* [WORK TO BE COMPLETED]
Images do not belong in the copy. Retype all the entries below exactly.

..........

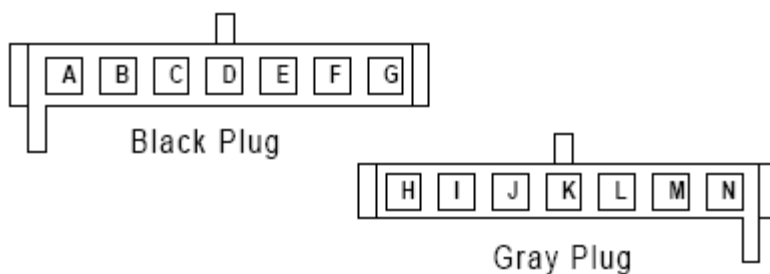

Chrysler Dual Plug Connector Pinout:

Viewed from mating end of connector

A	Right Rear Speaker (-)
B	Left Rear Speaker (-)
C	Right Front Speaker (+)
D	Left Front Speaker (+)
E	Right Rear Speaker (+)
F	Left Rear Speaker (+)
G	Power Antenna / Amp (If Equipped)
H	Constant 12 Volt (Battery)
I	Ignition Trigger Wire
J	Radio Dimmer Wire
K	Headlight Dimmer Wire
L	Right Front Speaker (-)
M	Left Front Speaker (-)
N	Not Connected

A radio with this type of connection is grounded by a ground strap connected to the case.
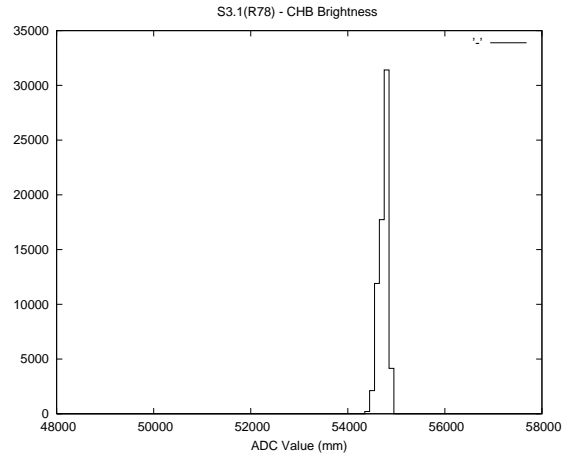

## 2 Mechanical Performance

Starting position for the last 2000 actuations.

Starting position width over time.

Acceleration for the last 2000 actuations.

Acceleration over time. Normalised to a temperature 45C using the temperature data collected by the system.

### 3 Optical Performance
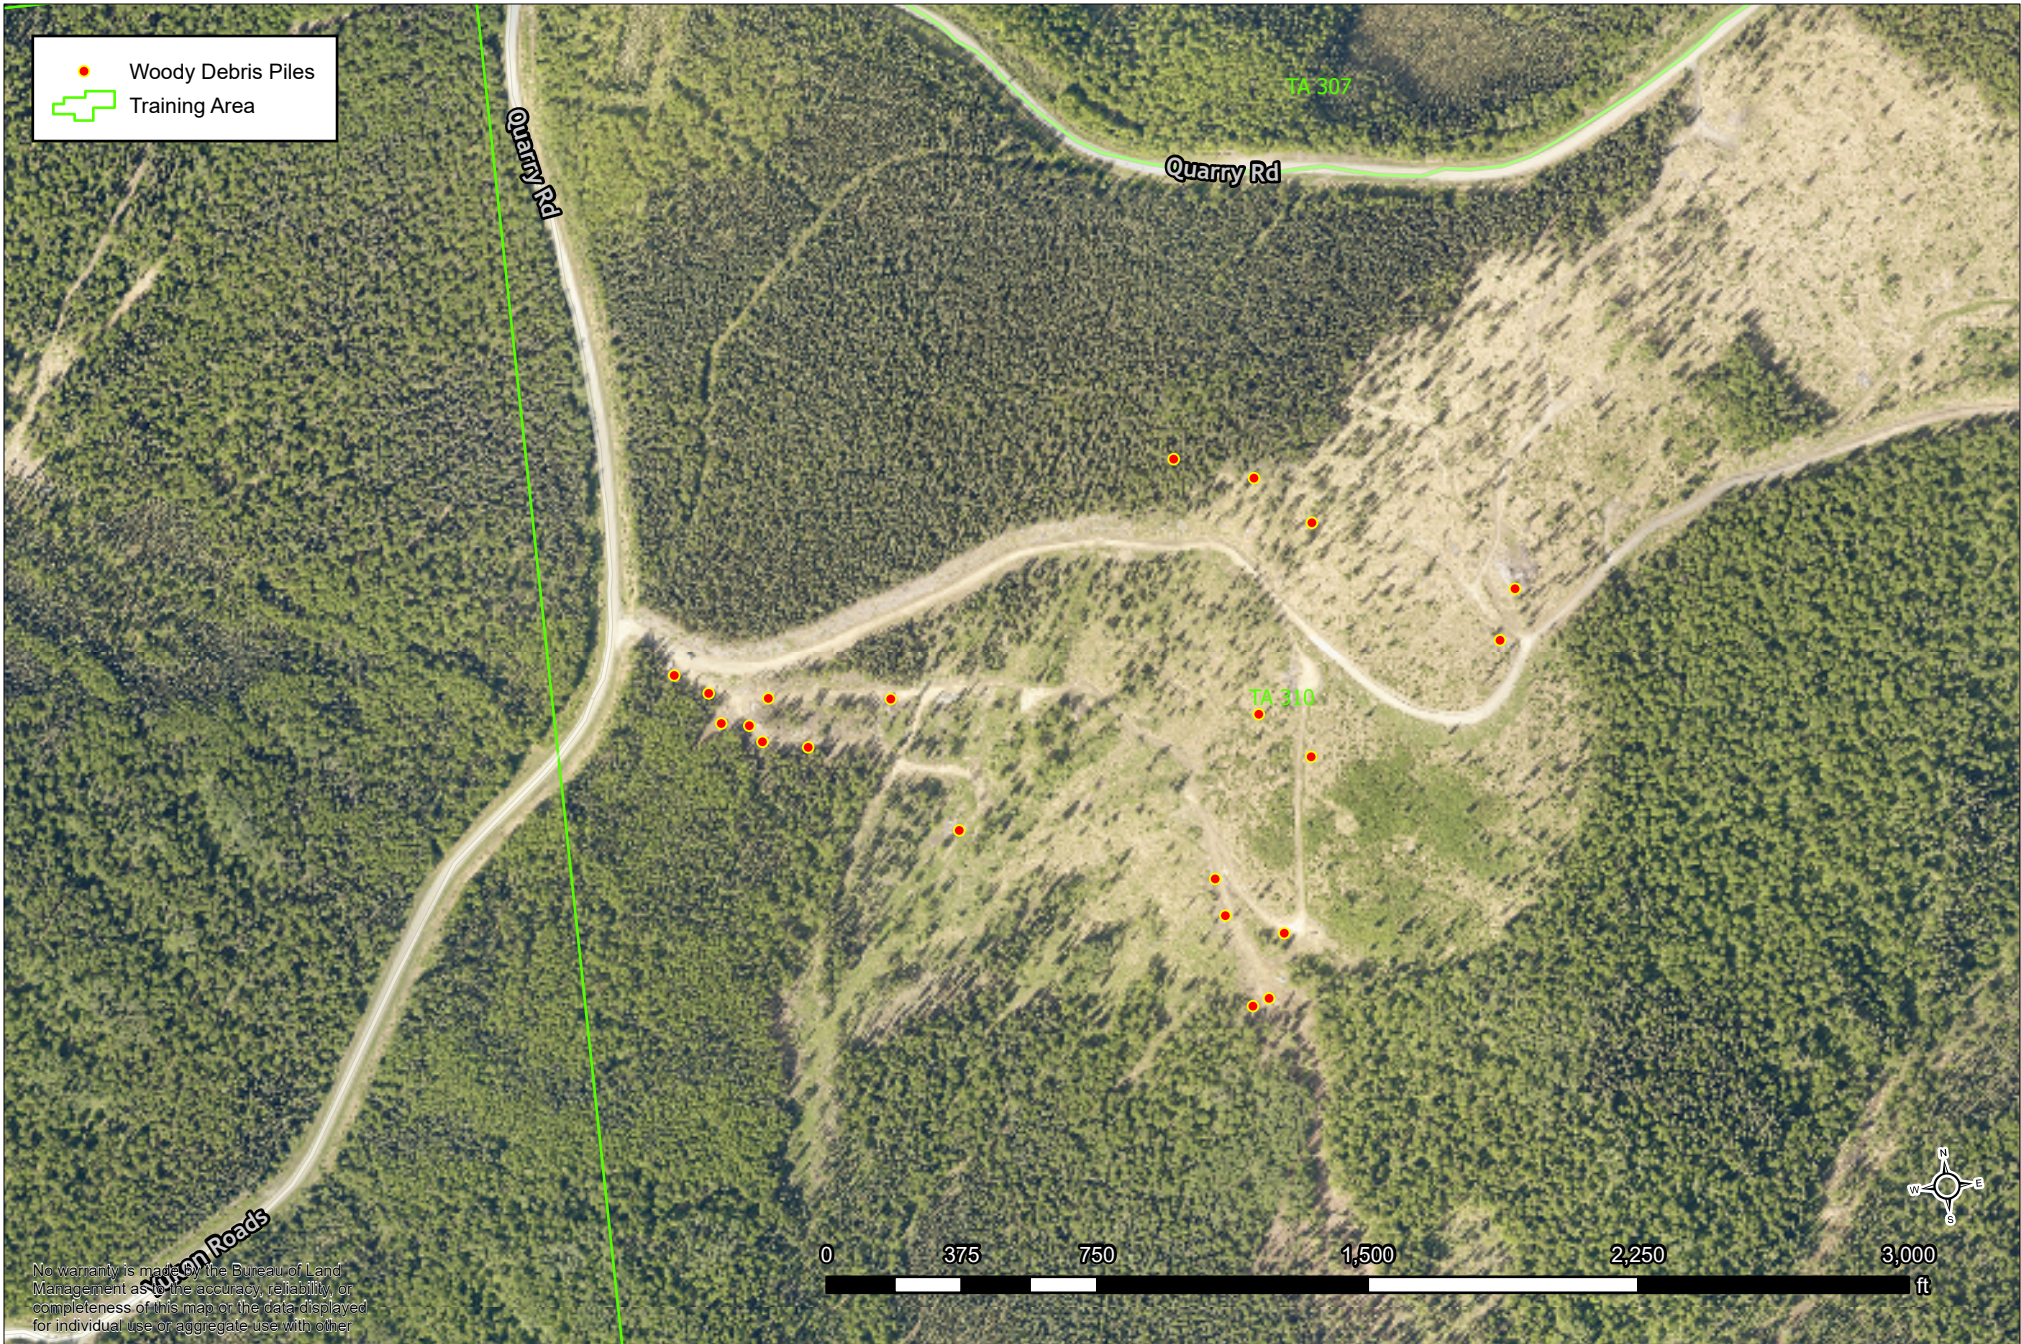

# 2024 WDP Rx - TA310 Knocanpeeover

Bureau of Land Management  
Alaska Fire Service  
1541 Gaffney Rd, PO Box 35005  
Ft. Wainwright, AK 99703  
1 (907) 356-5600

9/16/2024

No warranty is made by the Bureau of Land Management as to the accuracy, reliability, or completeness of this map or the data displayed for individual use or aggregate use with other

..........

* [FINISHED TASK]
Chrysler Dual Plug Connector Pinout:

Viewed from mating end of connector

A	Right Rear Speaker (-)
B	Left Rear Speaker (-)
C	Right Front Speaker (+)
D	Left Front Speaker (+)
E	Right Rear Speaker (+)
F	Left Rear Speaker (+)
G	Power Antenna / Amp (If Equipped)
H	Constant 12 Volt (Battery)
I	Ignition Trigger Wire
J	Radio Dimmer Wire
K	Headlight Dimmer Wire
L	Right Front Speaker (-)
M	Left Front Speaker (-)
N	Not Connected

A radio with this type of connection is grounded by a ground strap connected to the case.

## 2 Mechanical Performance

Starting position for the last 2000 actuations.

Starting position width over time.

Acceleration for the last 2000 actuations.

Acceleration over time. Normalised to a temperature 45C using the temperature data collected by the system.

### 3 Optical Performance

# 2024 WDP Rx - TA310 Knocanpeeover

Bureau of Land Management  
Alaska Fire Service  
1541 Gaffney Rd, PO Box 35005  
Ft. Wainwright, AK 99703  
1 (907) 356-5600

9/16/2024

No warranty is made by the Bureau of Land Management as to the accuracy, reliability, or completeness of this map or the data displayed for individual use or aggregate use with other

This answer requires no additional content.